The inspectors reviewed the Updated Safety Analysis Report, the flooding analysis, and plant procedures to assess susceptibilities involving internal flooding; reviewed the corrective action program to determine if licensee personnel identified and corrected flooding problems; inspected underground bunkers/manholes to verify the adequacy of sump pumps, level alarm circuits, cable splices subject to submergence, and drainage for bunkers/manholes; and verified that operator actions for coping with flooding can reasonably achieve the desired outcomes. The inspectors also inspected the areas listed below to verify the adequacy of equipment seals located below the flood line, floor and wall penetration seals, watertight door seals, common drain lines and sumps, sump pumps, level alarms, and control circuits, and temporary or removable flood barriers.

Specific documents reviewed during this inspection are listed in the attachment.

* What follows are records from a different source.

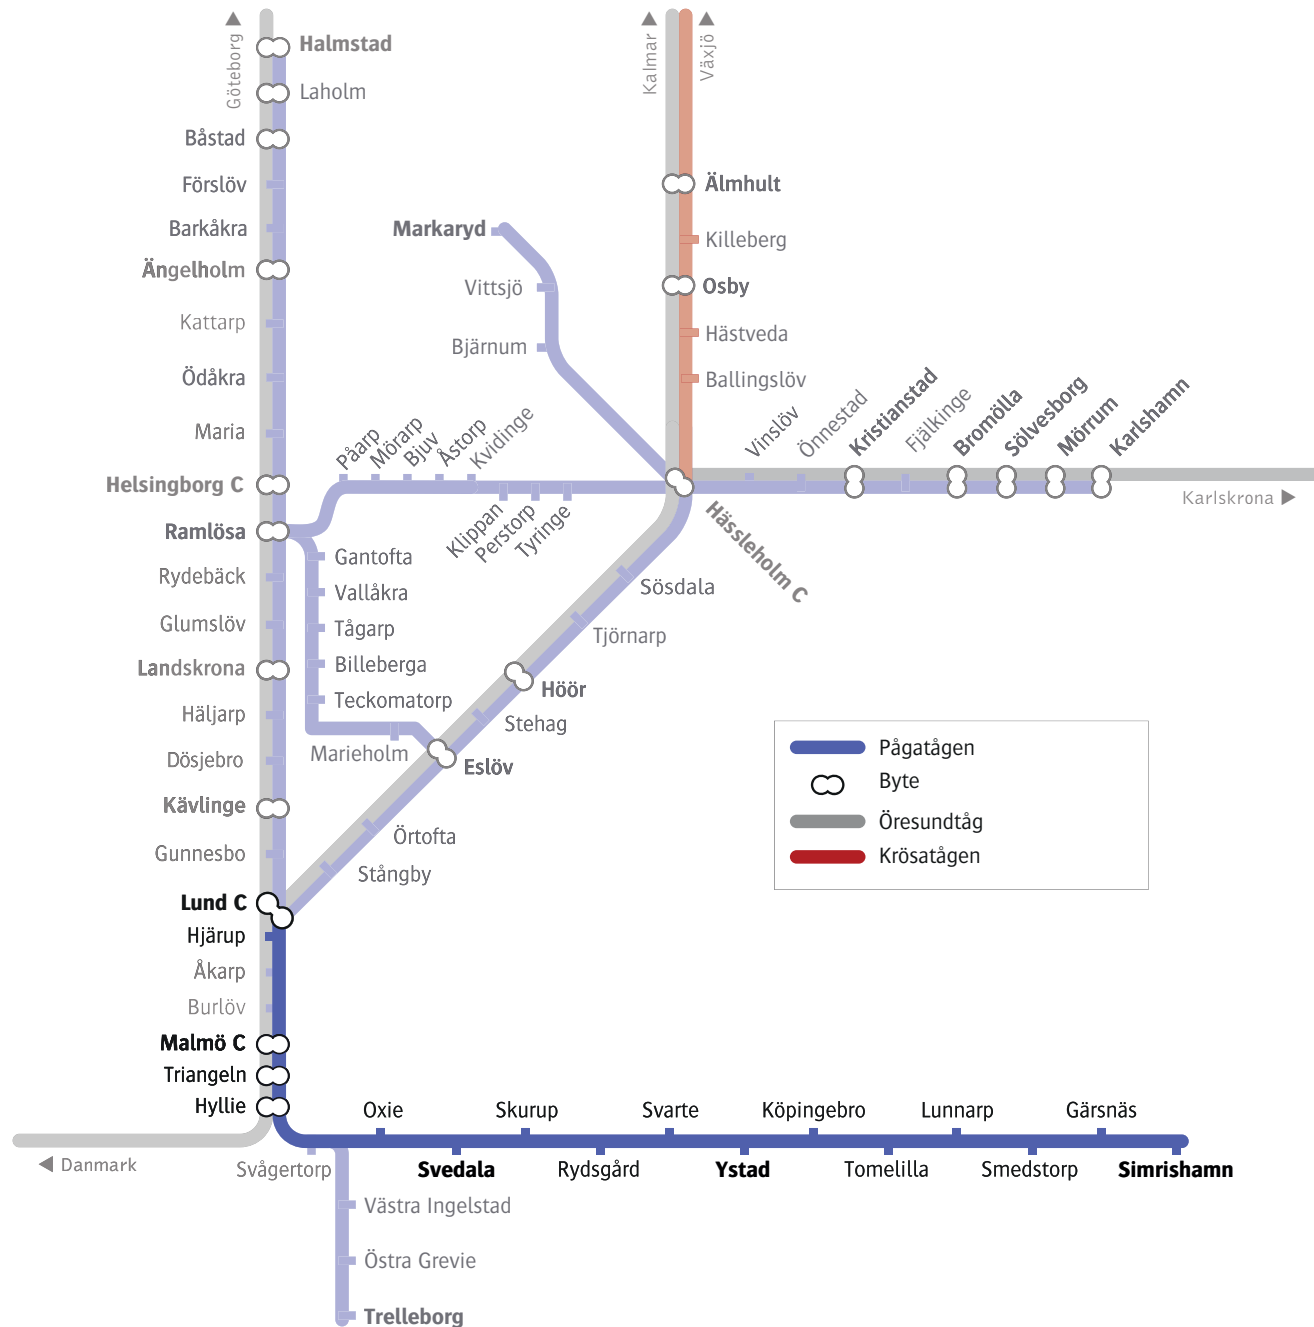

Lund – Malmö – Ystad – Simrishamn

Lund-Malmö-Ystad-Simrishamn

10 december 2017 - 8 december 2018
 Går alla dagar om inget annat anges.
 För resor under jul, nyår, påsk,
 midsommar samt övriga storhelger sök
 din resa på skanetraffiken.se eller i
 appen.

10 december 2017 - 8 december 2018
 Går alla dagar om inget annat anges.
 För resor under jul, nyår, påsk,
 midsommar samt övriga storhelger sök
 din resa på skanetraffiken.se eller i
 appen.

TECKENFÖRKLARING
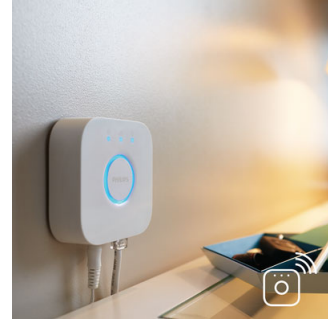

Hallitse Hue-sillan avulla

Liittämällä Philips Hue -valot siltaan saat loputtomasti erilaisia valaistumahdollisuuksia.
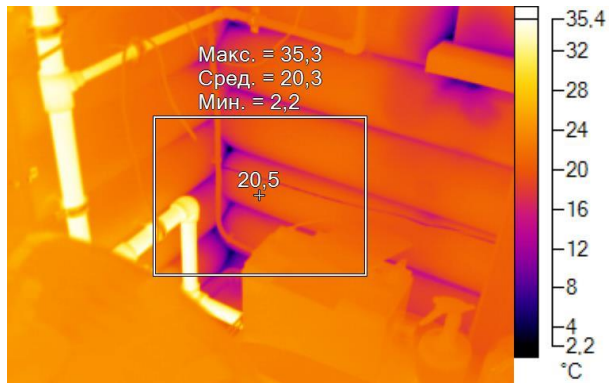

IR000928.IS2
06.01.2017 13:59:15
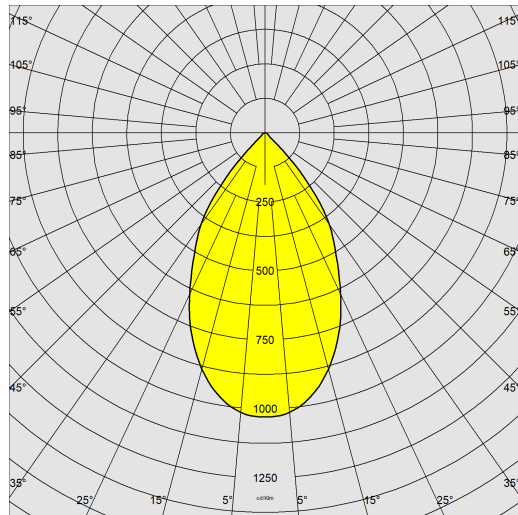

Asso C - Small downlight

Code: 22043536-1241

DONNÉES PHOTOMÉTRIQUES

Source lumineuse	LED COB
CRI	>80
Flux lumineux (sortant) (lm)	1413 lm
Puissance absorbée (totale) (W)	14 W
CCT	3000 K
Efficacité lumineuse (lm/W)	101 lm/W
Low Flicker	luminaire avec flicker très limité : lumière uniforme pour une plus grande sécurité visuelle.
Angle faisceaux lumineux (°)	60 °
Maintien du flux lumineux LED	50000 hr, L 80, B 20

CARACTÉRISTIQUES MÉCANIQUES

Résistance aux chocs mécaniques (IK)	IK07
IP	20
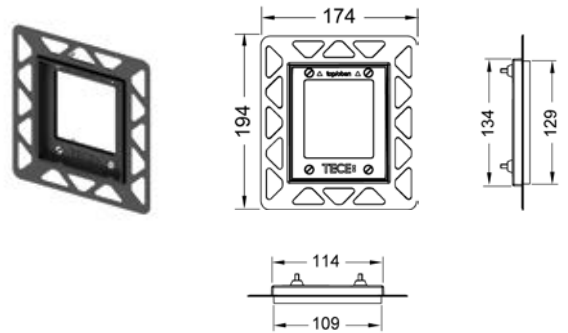

Монтажная рамка для установки стеклянных панелей TECEsquare Urinal на уровне стены

Регулировка глубины 5-18 мм.

Комплект поставки:

- монтажная рамка;
- инструмент для монтажа/демонтажа панели смыва.

Цвет	Артикул	К1	К2	К3	€/шт.
Белый	9242646	1 шт.	10 шт.	--	57,20
Черный	9242647	1 шт.	10 шт.	--	57,20
Хром глянцевый	9242649	1 шт.	10 шт.	--	57,20
Позолоченная	9242648	1 шт.	10 шт.	--	293,04
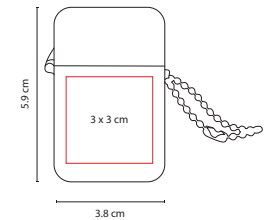

PT 588

VASO PASTILLERO

Material: Plástico
Medida: 7.2 cm Diámetro
Área de Impresión: 6 cm Diámetro
Técnica de Impresión: Serigrafía
Colores: Blanco
Colores GTM: Blanco

R

PT 015

PASTILLERO LURITJA

Material: Plástico
Medida: 3.8 x 5.9 cm
Área de Impresión: 3 x 3 cm
Técnica de Impresión: Serigrafía
Colores: A/B/R

A

B
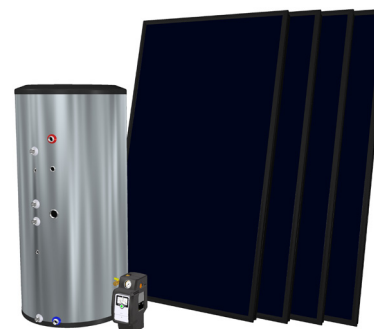

Incl. boiler, regeling, pomp, expansievat én collector met montagemateriaal voor het gekozen daktype. Excl. 3-wegklep en boilersensor
Incl. boiler, régulation, pompe, vase d'expansion et capteur solaire avec matériel de montage pour le type de toit choisi. Vanne 3 voies et sonde ECS non comprises

Type	Boiler-collectorset / Set de boiler-capteur solaire Type 1,6m² (PV-formaat) / Type 1,6m² (Format PV) oppervlak / surface		Boiler-collectorset / Set de boiler-capteur solaire Type 2,5m² / Type 2,5m² oppervlak / surface		
	Leverbaar als Indak, Opdak (pannen) en Platdakmontage* / Disponible en Montage dans le toit (tuiles), sur toit et toiture plat*				
		4,8m²	2,5m²	5,0m²	7,5m²
CBHotTop 200		€ 4.510,44	€ 3.375,29		
CBHotTop 300				€ 5.335,14	
CBHotTop 400					€ 6.712,16

* LET OP! Exclusief ballastblokken. Uw ATAG specialist adviseert u over de juiste toepassing.

* NOTE! Blocs béton non compris. Votre spécialiste ATAG vous conseillera pour une application appropriée.
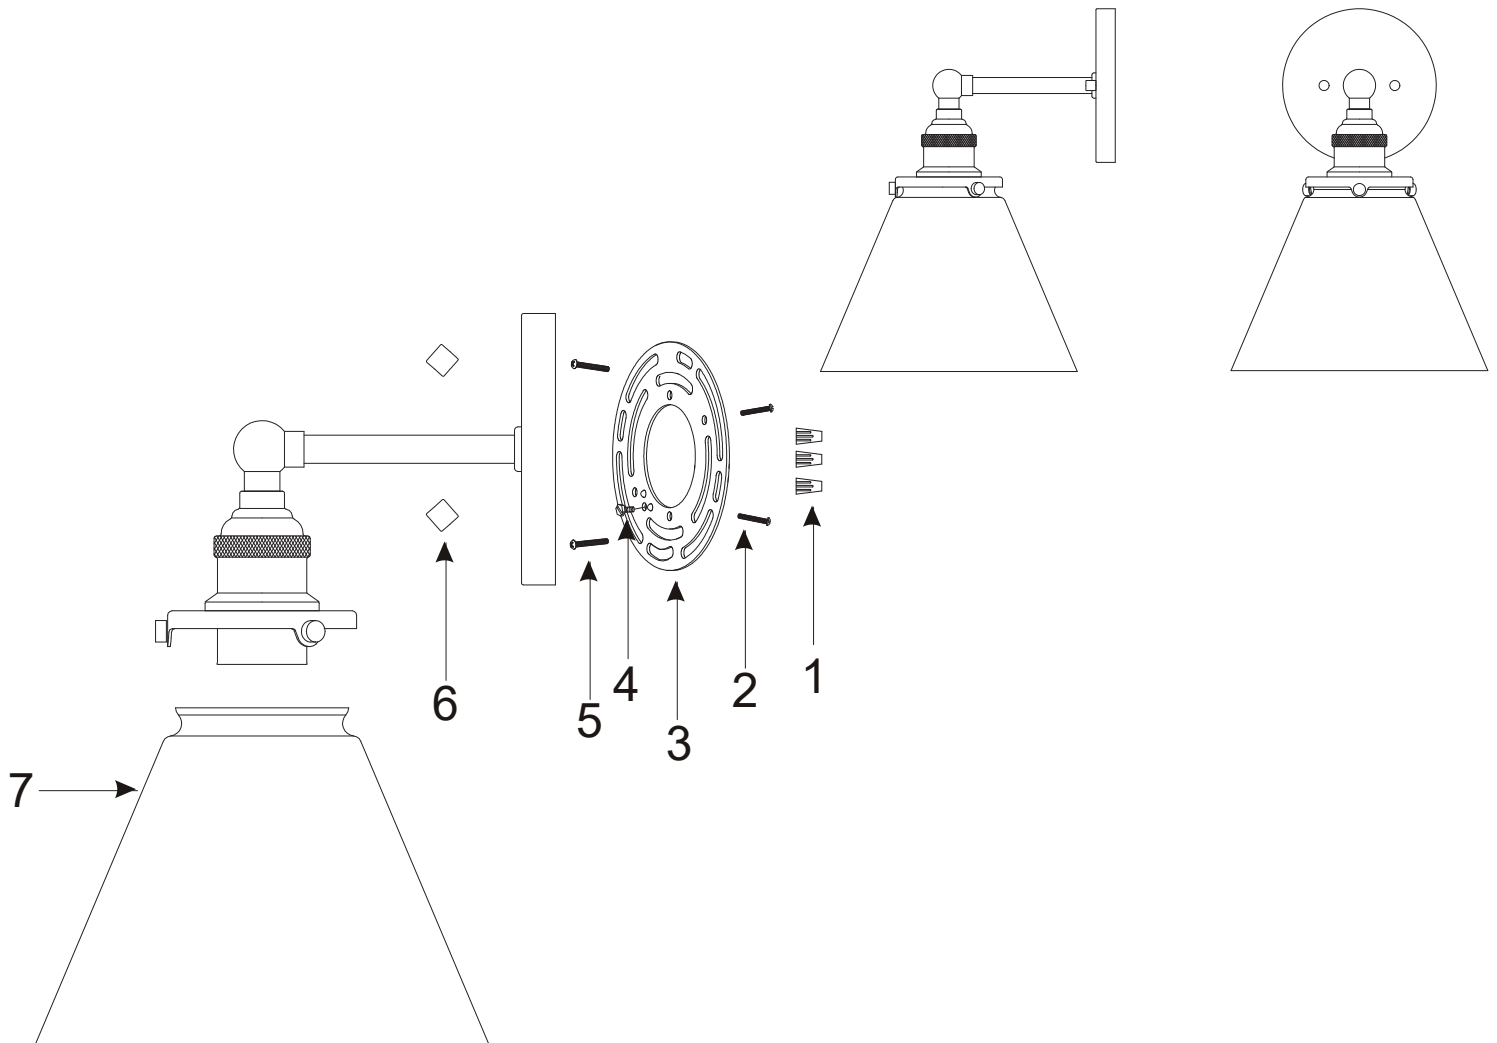

BARWELL

SCONCE
LÁMPARA DE PARED
APPLIQUE MURALE

SKU: 440758,440759

No.	Part Name	Nombre de pieza	Pièce	Part No.
1	Wire connectors (3pcs)	Conector de cable (3pcs)	Capuchon de connexion (3pcs)	PHSP3311HDWRWTY PHSP3321HDWRWTY
2	Screw (2pcs)	Tornillo (2pcs)	Vis (2pcs)	
3	circular strap(1pc)	correa circular(1pc)	correa circular(1pc)	
4	Ground Screw (1pc)	Tornillo a tierra (1pc)	Vis de borne de terre (1pc)	
5	Screw (1pc)	Tornillo (1pc)	Vis (1pc)	
6	Finial (2pcs)	Remate (2pcs)	Faîteau (2pcs)	
7	Glass (1pc)	Vidrio (1pc)	Verre (1pc)	PHSP3311GLSWTY
7	Glass (1pc)	Vidrio (1pc)	Verre (1pc)	PHSP3321GLSWTY

*Specify Finish / Especifica el Acabado / Spécifiez la Finition

REVISED: 12/09/2021
CODES: PHWL3311, PHWL3321
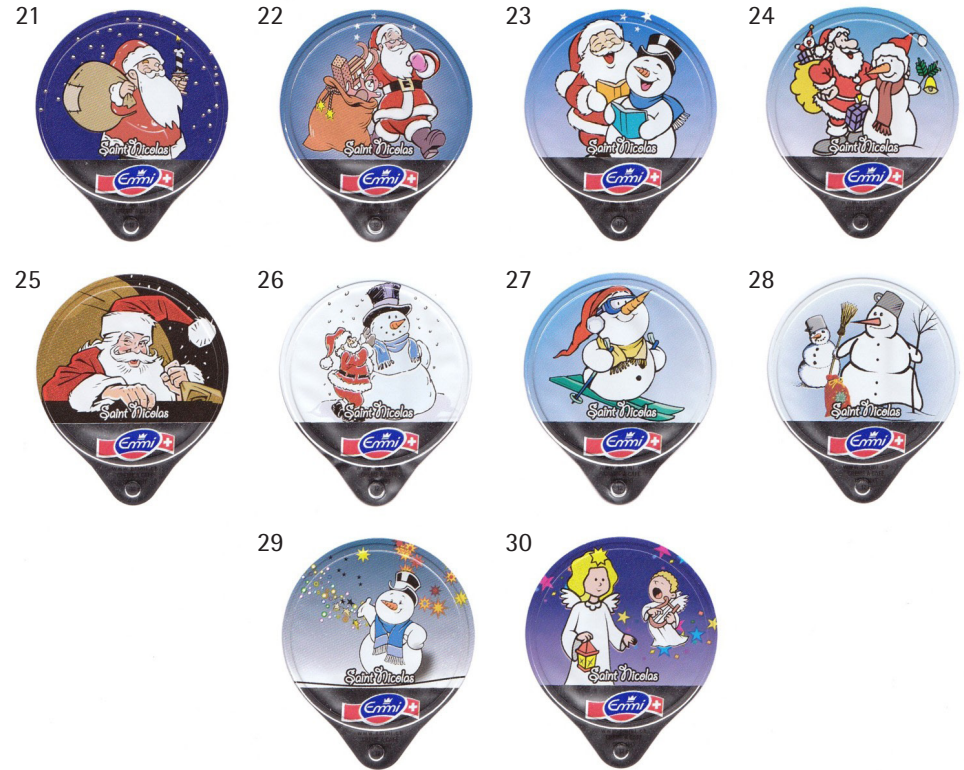

1.490 (30)

Samichlaus
Saint Nicolas

52/09

A Emmi Gastro

B Emmi Riegel

Club Kaffee-Doppelcrème | Grättengasse 1 | 5037 Muhen | +41 62 723 43 90 | info@doppelcreme.ch
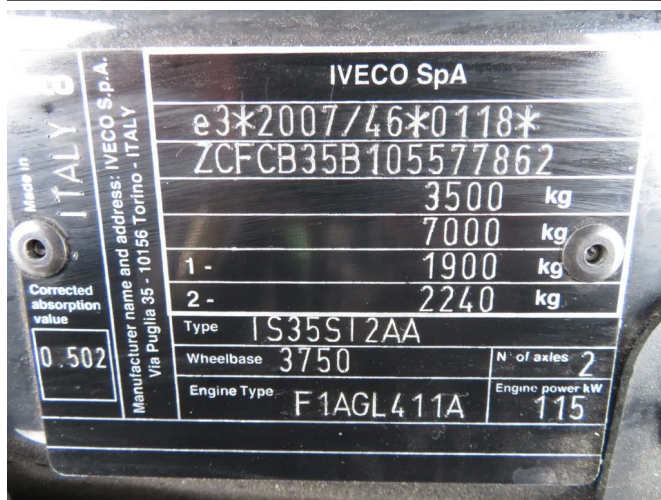

## Iveco DAILY 35 S 16 HI MATIC

### TECHNISCHE INFORMATIE

Opbouw	Open laadbak
Prijs	€ 35.500,-
Bouwjaar	2023
Datum 1ste registratie	2023-10-30
Id	5.577.862
Vin	ZCFCB35B105577862
Wielbasis	3.750 cm
Transmissie	Automaat
Tellerstand	196 km
Brandstof	Diesel
Emissieklasse	Euro 6
Vermogen	118 kW (160 PK)
Cilinderinhoud	2.287 cc
Aantal cilinders	4
Max. gewicht	3.500 kg
Laadgewicht	1.035 kg
Ledig gewicht	2.465 kg
Opbouw	
Algemene staat	Zeer goed
Technische staat	Zeer goed
Optische staat	Zeer goed
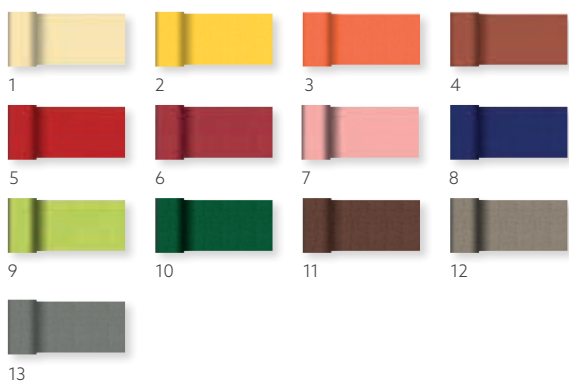

ŠERPA DUNICEL®, 0,15 X 20 M

Č.	ZBOŽÍ	POPIS	BALENÍ	
1	178422	Linnea Cream	6 x 1	•
2	178421	Linnea Yellow	6 x 1	•
3	199272	Linnea Sun Orange	6 x 1	•
4	199276	Linnea Earth Terra	6 x 1	•
5	178418	Linnea Red	6 x 1	•
6	178417	Linnea Bordeaux	6 x 1	•
7	178428	Linnea Mellow Rose	6 x 1	•
8	178419	Linnea Dark Blue	6 x 1	•
9	178416	Linnea Kiwi	6 x 1	•
10	178420	Linnea Dark Green	6 x 1	•
11	178427	Linnea Chestnut	6 x 1	•
12	178429	Linnea Greige	6 x 1	•
13	178426	Linnea Granite Grey	6 x 1	•
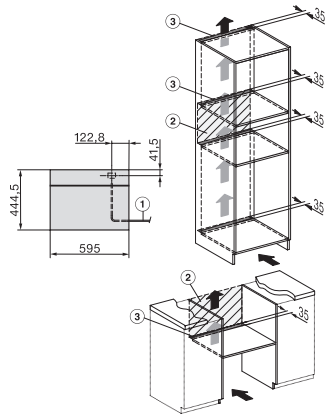

DG 7140

Four à vapeur encastrable

Pour une cuisson saine avec programmes automatiques et interconnexion.

Installation DG, installation drawing
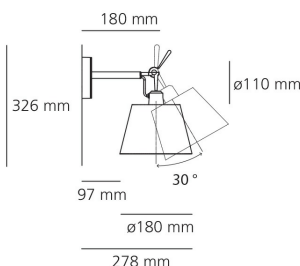

MEDIDAS

COLOR

LÁMPARAS NO INCLUIDAS

	Categoría:	HALO
	Numero:	1
	Lbs:	Qt26
	Vatio:	46W
	Soporte:	E14
	Tipo:	N/s
	Flujo Luminoso (lm):	630lm
	Color Rendering:	1a
	Temperatura Color (K):	3000K

ALTERNATIVE LAMPS

LED retrofit

Categoría:	LED
Vatio:	9W
Flujo Luminoso (lm):	806lm
Soporte:	E27
Clase:	A

LUMINAIR

Watt:	46W
Tensión de alimentación:	220V-240V
Flujo Luminoso (lm):	630lm
CCT:	2800K
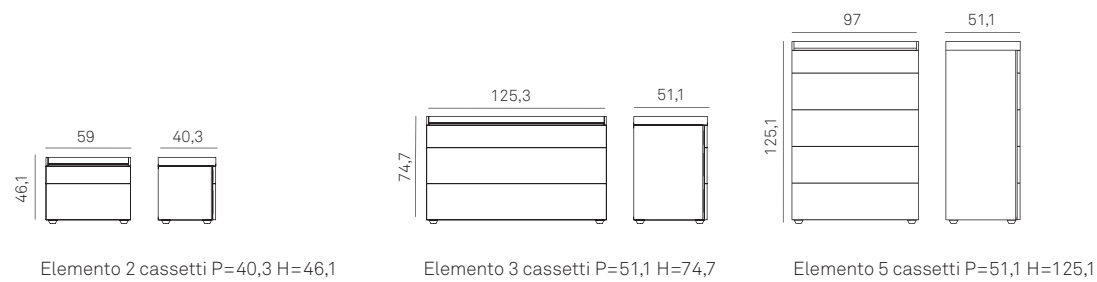

misure / sizes / размеры

finiture per frontali e top a vassoio sir / fronts and tray-shaped top finishes / Отделка фасадов и столешницы-подноса

MATERICO ESSENZA / WOOD TEXTURED
Материальная сущность

MATERICO OPACO / MATT TEXTURED
Патовая фактурная отделка

MATERICO PORO APERTO / OPEN PORE TEXTURED
Фактурная отделка с открытыми порами

MATERICO / TEXTURED / Фактурная отделка

MATERICO NODATO / KNOTTED TEXTURED
фактурная поверхность расцветки дерева

LACCATI / LACQUERED / матовая и глянцевая лакировка

  • December 22, 2011, Safety Injection and Containment Spray Pump Areas, Rooms 21 and 22 These activities constitute completion of one flood protection measures inspection sample as defined in Inspection Procedure 71111.06-05.

b. Findings

No findings were identified.

1R07 Heat Sink Performance

a. Inspection Scope

The inspectors reviewed licensee programs, verified performance against industry standards, and reviewed critical operating parameters and maintenance records for component cooling water heat exchanger AC-1A, shutdown-cooling heat exchanger AC-4B, and the spent fuel pool heat exchanger. The inspectors verified that performance tests were satisfactorily conducted for heat exchangers/heat sinks and reviewed for problems or errors; the licensee utilized the periodic maintenance method outlined in EPRI Report NP 7552, "Heat Exchanger Performance Monitoring Guidelines, the licensee properly utilized biofouling controls; the licensees heat exchanger inspections adequately assessed the state of cleanliness of their tubes; and the heat exchanger was correctly categorized under 10 CFR 50.65, Requirements for Monitoring the Effectiveness of Maintenance at Nuclear Power Plants. Specific documents reviewed during this inspection are listed in the attachment.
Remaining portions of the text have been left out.